[Collected data]
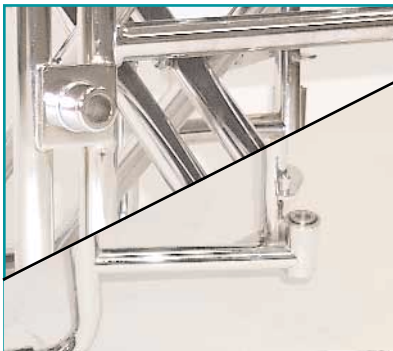

OPTIONAL ACCESSORIES

- Anti-theft bar
- Anti-tipping device
- Headrest extension
- Wheel lock extension tubes
- Leg straps
- Oxygen tank holder
- I.V. rod attachment
- Anti-folding device
- Seat belt
- Projection handrim
- Anti-theft lock for front riggings
- Pneumatic tires

SPECIFICATIONS

MODEL	SEAT			BACK	FRONT RIGGINGS	OVERALL					WEIGHT (w/o Front Riggings)		
397	22"	20"	20"	17 1/2"	16"- 21"	30"	36"	44"	34"	12"	55 lbs.		
397E	22"	20"	20"	17 1/2"	16"- 21"	30"	36"	46"	34"	12"	55 lbs.		
397X	24"	20"	20"	17 1/2"	16"- 21"	32"	36"	44"	34"	12"	57 lbs.		
397XE	24"	20"	20"	17 1/2"	16"- 21"	32"	36"	46"	34"	12"	57 lbs.		
397Y	26"	20"	20"	17 1/2"	16"- 21"	34"	36"	44"	34"	12"	59 lbs.		
397YE	26"	20"	20"	17 1/2"	16"- 21"	34"	36"	46"	34"	12"	59 lbs.		
397Z	28"	20"	20"	17 1/2"	16"- 21"	36"	36"	44"	34"	12"	61 lbs.		
397ZE	28"	20"	20"	17 1/2"	16"- 21"	36"	36"	46"	34"	12"	61 lbs.		
397L	30"	20"	20"	17 1/2"	16"- 21"	38"	36"	44"	34"	13"	63 lbs.		
397LE	30"	20"	20"	17 1/2"	16"- 21"	38"	36"	46"	34"	13"	63 lbs.		

E ELEVATING LEGRESTS   X SR. EXTRA WIDE 24" SEAT WIDTH   Y SUPER EXTRA 26" SEAT WIDTH
Z SR. SUPER EXTRA WIDE   L MIGHTY EXTRA WIDE

Reinforcement weld on all key locations.
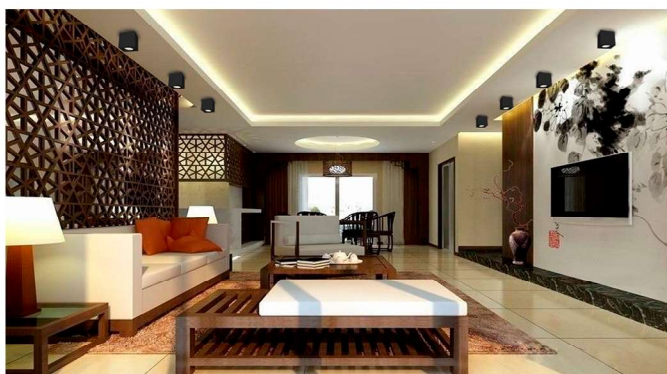

Lighting system

Optic: Optic Lens
 Citizen COB LED
 Lifetime: 50 000 h (L-70)
 Beam angle: 36°
 Adjustable lighting direction:
 350° in horizontal and
 25° in vertical.

5 year warranty

Applications

Indoor places,
 shopping centers
 malls, hotels

Features

Die-cast Alu body
 Meets CE safety standards
 Protection rating: IP20
 Passive cooling

Ordering Code	Product Name	Light Output [lm]	CRI	System Power [W]	Color Temp. [K]	Power Supply [V]	Weight [Kg]
301 255	LT-UP BARRY-C 930	2 300	>90	20	3 000	230 AC	0.6

#### TASK DESCRIPTION
Starting at the line that contains "Applications", copy every line down to the last line of the records above, exactly as written.

#### TASK ANSWER
Applications

Indoor places,
 shopping centers
 malls, hotels

Features

Die-cast Alu body
 Meets CE safety standards
 Protection rating: IP20
 Passive cooling

Ordering Code	Product Name	Light Output [lm]	CRI	System Power [W]	Color Temp. [K]	Power Supply [V]	Weight [Kg]
301 255	LT-UP BARRY-C 930	2 300	>90	20	3 000	230 AC	0.6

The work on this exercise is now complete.